# my rat went crazy last night



## montessoritori (Mar 24, 2008)

i usually get my rat out of her cage twice a day,
for not very long, 5 minutes at the least,
15 minutes at the most.

i hope to make this times spent outside her cage longer but
my 2 year old boy is demanding and his attention can only be held for so long.

well, 
last night after my son went to sleep i got my rat out and kept her out for almost an hour.
she sat with me a while and then i let her run about all over my bed,
she loved it and would always run back to me for a sniff and then off again.

that night she went insane in her cage, full of energy,
tore it all up, overturned everything, and hardly ate she was so busy 
destroying everything.
she's never done that before,
and i wondered if you all rat experts had any insight into this sudden
crazy, behavior.

one thing that came to mind was that it didn't have to do with the long time spent out of the cage but had to do with the storm outside.
it was most the night and huge thunder booms and hail.
could she have been driven to nervousness by this?
do your rats react to the weather in similar ways?
sorry to be so full of questions.
thanks in advance.


----------



## lovinmyworm (Feb 18, 2008)

Honestly tearing up the cage is totally normal! Mine do it also. Rats really should be let out of their cage for about an hour a day though. If you don't they tend to be depressed. Your rat sounds like a lone rat also, that really isn't good. Rats are highly social (perhaps more social than human's) and they need a friend! It's really not a want, it's a need. Your rat may have gotten some social interaction and started acting like a normal rat. I know when I can't get my rats out of their cage for a day or two (like last year when me and my boys had the stomach flu) they got really depressed, their personalities changed and it was really not pretty. 
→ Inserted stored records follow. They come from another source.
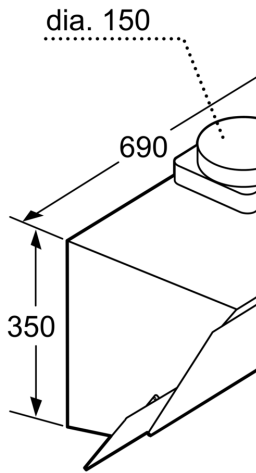

Серия 2, вытяжка для настенного монтажа, 90 см, черного цвета DWK095G60T

DWA0LK6A Угольный фильтр

Настенная вытяжка: настенный монтаж - полная свобода при планировании Вашего кухонного пространства.

- 3-х скоростные опции уровня мощности в соответствии с вашим стилем приготовления и рецептами
- Варианты воздухопроводов или воздуховодов

Технология установки: Wall-mounted
 Длина кабеля электропитания: 130.0 cm
 Высота: 354 мм
 Минимальное расстояние над электрической варочной поверхностью: 470 мм
 Минимальное расстояние над газовой варочной поверхностью: 570 мм
 Вес нетто: 13.5 кг
 Тип управления: Электронное
 Регулировка уровня мощности: 3 степени
 Максимальная мощность отвода воздуха: 629 m³/h
 Максимальная производительность в режиме циркуляции: 271 m³/h
 Maximum Air flow: 629 m³/h
 Количество ламп (шт): 2
 Уровень шума: 67 дБ (А) при 1 мВт
 Диаметр вытяжного патрубка: 150 / 120 мм
 Материал жироулавливающего фильтра: Моющийся алюминий
 EAN-код: 4242002918099
 Потребляемая мощность: 216 Вт
 Ток : 10 А
 Напряжение: 220-240 В
 Частота: 50 Гц
 Тип штекера: Вилка Gardy с заземлением
 Типы установки: Для настенного монтажа

**Серия 2, вытяжка для настенного монтажа, 90 см, черного цвета
DWK095G60T**

Exhaust-air ou
min. 25

Socket
min. 450

min. 470 elec
min. 570 gas*

* from upper edge
of pan support

You said you have a 2 year old and have a hard time keeping his attention. I have 3 toddlers in my home right now and the best thing I have found is to get the rats out and put them on my bed. I set up the toys for the rats to play with. Ya know tubes, boxes to hide in, things to climb, they are in love with the weebles treehouse and little people home while I play with puzzles with my little guys and other toys on the floor. The rats don't really need you to be there every single second, but they do need to be let out to explore and run around. What about when your child gets a bath? You could let the rat out in the bathroom while your child is playing in the tub! You can let the rat out while your child is eating also because lets face it, 2 year olds take forever to eat sometimes!


----------



## montessoritori (Mar 24, 2008)

thank you SO much for your insight and suggestions.
i can see them working for us very well.

i am concerned that i should find my rat a home now,
b/c there is no way i could get another one.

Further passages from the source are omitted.